Scan the listing and copy each line where the word "Полотенцедержатель" is present.
--- START ---
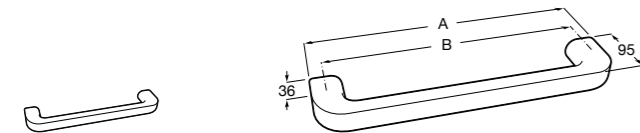

	A
816656001	600
816655001	500
816654001	400
816653001	300

Hotel's Classic

815429001 Полотенцедержатель настенный.

Onda

Полотенцедержатель.

	A	B
3870ZH000	600	560
3870ZG000	450	420
3870ZJ000	300	260

Victoria
--- END ---
**ANSWER SPACE**
815429001 Полотенцедержатель настенный.
Полотенцедержатель.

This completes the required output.